Sean Gammon, an analyst at Imara Asset Management, said: “The depoliticisation of the Reserve Bank of Zimbabwe is vital.” He said the government would have to stop printing money to meet its needs.

While a halt to printing money was the first move towards eliminating hyperinflation, analysts said the government would have to move quickly to restore the country’s productive capacity.

Ballim said the key to a full recovery was a constitution that honoured private property rights, in the broadest sense of the word – “the right to a fair return on capital”.

Zimbabwe’s latest bout of economic troubles was triggered by land invasions that started in February 2000 and displaced commercial farmers, cutting the domestic food supply and depriving the country of its main source of foreign exchange earnings.

The economic decline has accelerated over the past two years, as price controls drove food from the shelves. So the new constitution, which has still to be written, is critical, as are the terms of the agreement to be signed today by Robert Mugabe, who has been president for 28 years, and Morgan Tsvangirai, whose Movement for Democratic
Change won the election.

Ballim said the country still had “robust institutions”, such as the ability to collect revenue to fund expenditure.

Stephen Gelb, the executive director of the Edge Institute, said: “A lot of South African companies have warehoused or written off investments and would be prepared to resuscitate them if the economic climate were to improve.”

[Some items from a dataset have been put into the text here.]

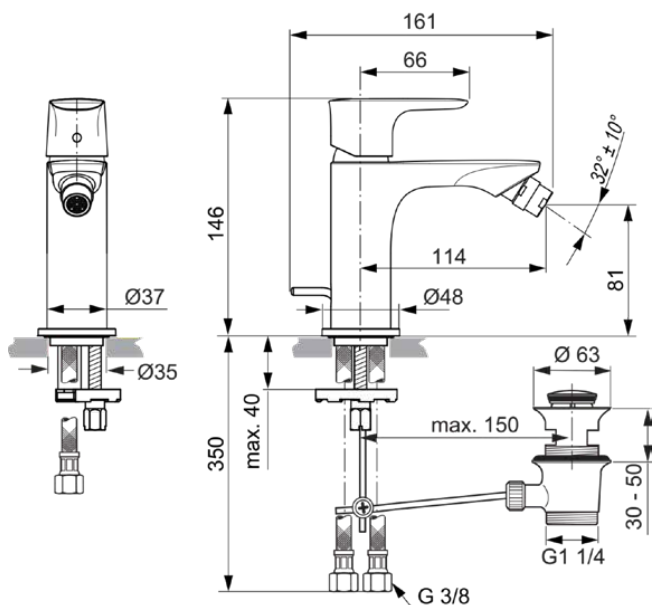

## A7030AA

CONNECT AIR | Bidetmengkraan 48x161x146 mm, 114 mm sprong uitloop in chroom afwerking, 5 l/min (3 bar), met waste | EasyFix, Verstelbare uitloop, Ecoflow, EPD, SmartShine

### Algemene informatie

Productcategorie:	Bidetmengkranen
Producttype:	Bidetmengkraan
Merk:	Ideal Standard
Collectie:	CONNECT AIR
Ontwerper:	Ideal Standard
Colour:	AA - Chroom
Afwerking van het oppervlak:	glanzend
Hoogte (mm):	146
Breedte (mm):	48
Lengte / sprong (mm):	161
Bevestigingswijze:	EasyFix
Nettogewicht (kg):	1.31
EAN-code:	4015413342070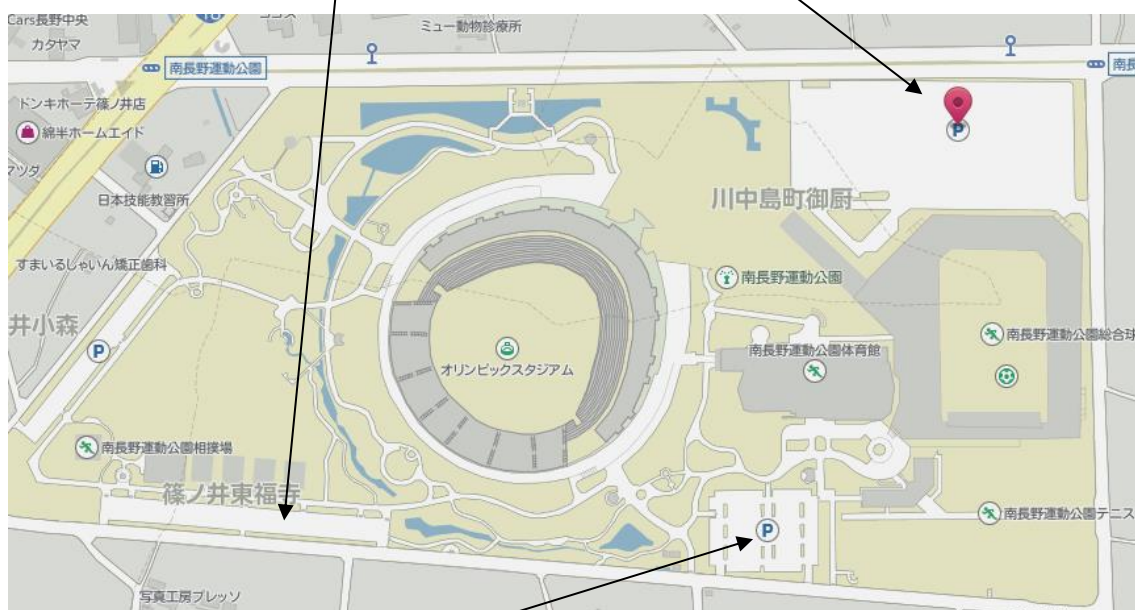

南長野運動公園駐車場の利用について

第1駐車場 球技場で試合が開催の時は一般車両は駐車が出来なくなります

第3駐車場

- ・ 大型バス・マイクロバス等，中型以上の車両は第3駐車場へ駐車をお願いします
- ・ (事前の届け出が必要です)

第2駐車場

- ・ 一般駐車場のこちらが体育館に最も近いですが必ず指定の区画内へ駐車をしてください。満車の場合は他の第3駐車場或いは第1駐車場を利用してください。
- ・ 車両内には貴重品をおかず必ず施錠をしてください。
- ・ 駐車場内では徐行して他の車両および通行者に十分注意をお願いします。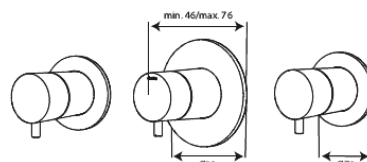

Hals Interiors

Kivikülv 8, EE-12919 Tallinn

Tel.: 71 51 400 hals@hals.ee

Rohkem informatsiooni <https://damixa.ee>

damixa

The benefits to neighbouring countries of a Zimbabwean settlement would be enormous.

Games said: “The problems in that country have had a serious effect on regional trade.”

However, the problems relating to Zimbabwe’s disintegration go further, as refugees flooded over its borders to seek work elsewhere.

In the run-up to the news of an agreement, the Zimbabwean dollar, trading on the parallel (black) market, collapsed to Z$30 000 to $1 on Friday, from Z$7 500 a week earlier, according to Ballim.

Published on September 15,2008 by Ethel Hazelhurst Business Report.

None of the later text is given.